- _PROBLEM TO SOLVE_: What is the number of lines in the entries that contain "reversible"? Reply with that number only.

- _INFORMATION SUPPLIED_:
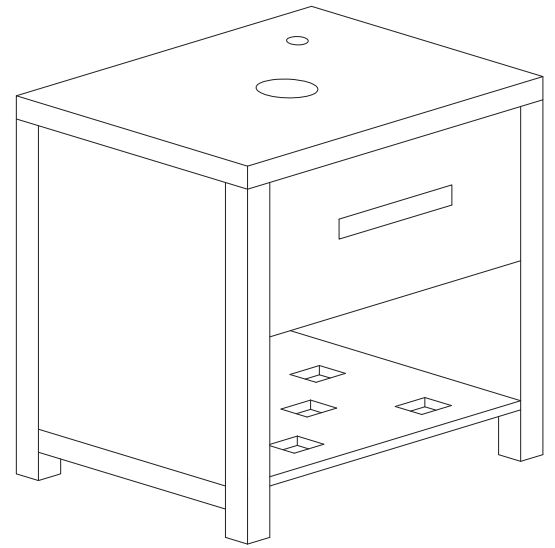

Avanity

COSMO-V24-CH

Features

- Solid rubber wood
- Storage cabinet with aluminum hardware
- 1 soft-close door
- Aluminum hardware
- Open shelf
- Metal leg caps
- Vessel application

Components

Mirror	COSMO-M20-CH
Vanity Top	CVE450WT
Sink	COSMO-WS17-CH

Colors / Finishes

- Chestnut

Nominal Dimension

- 23.6W x 18.5D x 28.9H (inches)

Product Diagrams
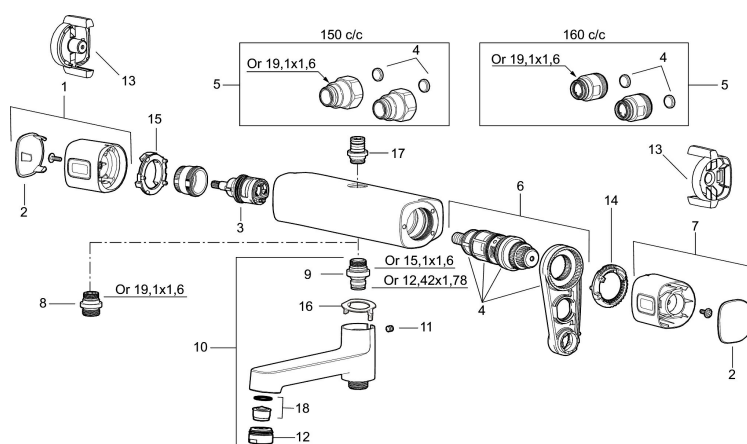

Article number: 83841500

Description: Chrome, 150 c/c

Unique characteristics

Backflow protection unit type 

- With shower connection up and down
- For head shower set with G1/2 connection
- With reversible headwork
- Pressure balanced thermostatic mixer
- With ceramic sealed headwork
- Temperature handle with safety stop at 38°C
- With Eco-function
- Approved non-return valves, EN-Standard EN1717

Article number: 83841500

Sparepartlist

NO.	FMM NO.	RSK	DESCRIPTION
1	35480009	8592029	On/off handle, complete
2	39031500	8592052	End cover
3	35980009	8585850	Ceramic on/off headwork, reversible
4	38680009	8591701	Filter kit incl. o-rings and service tool
5	59800800	8592005	Inlet connectors, 160 c/c
5	59810800	8592006	Inlet connectors 150 c/c (left-handed thread)
6	38601009	8591609	Thermostatic cartridge, complete, incl. service tool
7	35480109	8592033	Temperature handle, complete
8	39710800	8591967	Nipple M18x1-G1/2 for shower mixer
9	39754000	8591969	Nipple M18x1 with o-ring for bath mixer
10	83990000	8154079	Swivel spout with integrated diverter
11	38086000	8439701	Locking screw
12	29142400	8281526	Housing M24 ext., 13 mm
13	35976209	8592039	Care-handle, black, 2 pcs

- _ANSWER AREA_: 2